ROME
-- Le Sommet de la planète Terre, organisé à
Rio de Janeiro en 1992, a défié le secteur agricole de
résoudre les problèmes écologiques, tels que la
dégradation des terres, la pollution chimique et la perte
des ressources génétiques. La FAO s'est employée à
intégrer le principe de durabilité au développement mondial du
secteur alimentaire et agricole.
Lorsque
le Sommet mondial du développement durable débutera à
Johannesburg (Afrique du Sud) le 26 août, une délégation de la
FAO, dirigée par le Directeur général Jacques Diouf, demandera
que des efforts supplémentaires soient déployés pour réduire la
pauvreté et parvenir à la sécurité alimentaire grâce à
l'utilisation rationnelle des ressources naturelles.
Jacques Paul Eckebil, Sous-directeur général du Département du
développement durable de l'Organisation, présente la
situation:
Quel sera le
message de la FAO lors du Sommet mondial du développement
durable?
Nous avons trois
messages interdépendants. Le premier est que l'agriculture
et l'environnement sont intimement liés. Par exemple,
l'agriculture utilise 70 pour cent de la totalité de
l'eau douce disponible au monde, et il est impossible de
gérer la planète de manière durable sans en tenir compte.
Le second est qu'une forte
détermination politique et un large soutien public sont des
conditions préalables pour faire reculer la faim et obtenir une
agriculture et un développement rural durables. Le troisième est
que la lutte contre la faim, à terme, exige plus de capitaux et
de ressources humaines que n'en ont à leur disposition les
pays à faible revenu. Le Sommet de Johannesburg doit susciter
un effort général pour mobiliser les ressources nécessaires.
Selon vous, quels seront les
résultats du Sommet?
J'ai
assisté à la fondation du principe de durabilité, puis à son
intégration dans les activités de la FAO, à partir du Sommet de
Rio en 1992. Ce nouveau concept a évolué en très peu de temps.
Le Sommet de Johannesburg, qui rassemblera certaines des
personnalités publiques et privées les plus puissantes et les
plus influentes, accélèrera le rythme du changement.

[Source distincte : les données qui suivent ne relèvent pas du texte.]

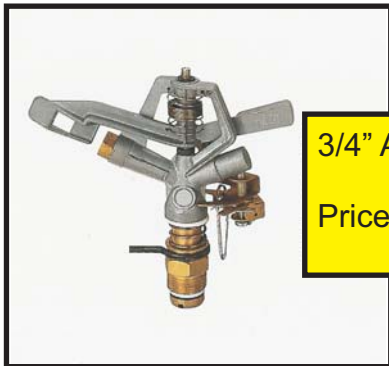

# Commercial Sprinklers

1/2" Brass Alloy Full Circle Impact  
 Spray Diameter: 30 - 60 feet  
 Volume: 3.5 - 7 gpm  
 Pressure: 25 - 50 PSI  
 Price: \$8.95 each    3/4" Price: \$9.95 each

1/2" Brass Alloy Adjustable Impact  
 Spray Diameter: 30 - 60 feet  
 Volume: 3.5 - 7 gpm  
 Pressure: 25 - 50 PSI  
 Price: \$9.85 each

Brass Alloy Fine Spray  
 Adjustable Design  
 Pressure: 25 PSI  
 Price: \$5.30 each

Specialty Nozzles  
 Chrome Alloy Price: \$3.55    Plastic Price: \$2.40

**Hydroflo Pumps USA, Inc.**  
 Nashville, TN.  
 Granger, IN.

3/4" Aluminum Alloy Full Circle Impact  
Spray Diameter: 45 - 80 feet  
Volume: 5 - 10 gpm  
Pressure: 40 - 70 PSI  
Price: \$18.80

1" Aluminum Alloy Full Circle Impact  
Spray Diameter: 90 - 125 feet  
Volume: 15 - 20 gpm  
Pressure: 50 - 80 PSI  
Price: \$24.00

3/4" Aluminum Alloy Adjustable  
Price: \$29.90

1" Aluminum Alloy Adjustable  
Price: \$38.50

Aluminum End Guns - Adjustable  
2" Inlet - 1/2" Nozzle - \$178.00  
50 - 70gpm at 50 - 90psi  
1 1/2" Inlet - 3/8" Nozzle - \$148.00  
25 - 50gpm at 50 - 90psi  
Spray Radius for each 50 - 100 feet

Kofi Annan, Secrétaire général des Nations Unies, a
défini cinq domaines clés sur lesquels il est essentiel,
d'après lui, de parvenir à un accord à Johannesburg :
l'eau, l'énergie, la santé, l'agriculture et la
biodiversité (ces cinq domaines étant connus sous
l'acronyme EESAB).
En ce qui concerne
l'agriculture, la FAO considère que le Sommet est en mesure
de faire progresser concrètement la situation sur plusieurs
points : l'accroissement des investissements futurs
destinés à améliorer la productivité agricole dans les
communautés rurales appauvries, et à développer et préserver les
ressources naturelles jouant un rôle crucial dans
l'agriculture; le développement de l'infrastructure
rurale et de l'accès aux marchés; le renforcement des
capacités nationales de production et de diffusion des
connaissances en matière d'agriculture; enfin, la garantie
d'accès à la nourriture pour ceux qui en ont le plus
besoin.
La planète devra nourrir
huit milliards de personnes en 2030. Quelles sont les méthodes
de production permettant d'y parvenir sans nuire à
l'environnement?
Le concept
d'écosystème, lorsqu'il est appliqué à
l'agriculture, renvoie à des innovations, parmi lesquelles
: l'agriculture favorisant la conservation des ressources,
qui permet de protéger la fertilité des sols par
l'amélioration du recyclage des éléments nutritifs par les
micro-organismes de la terre ; la protection intégrée, qui
prévient les infestations de ravageurs en encourageant les
prédateurs naturellement présents; et l'agriculture
biologique.
Le problème est que les
pressions économiques incitent souvent les agriculteurs à
produire une culture spécifique, la plus rentable possible, ce
qui les conduit à ignorer les méthodes durables. Les
législations et réglementations publiques doivent donc
encourager et soutenir l'agriculture durable.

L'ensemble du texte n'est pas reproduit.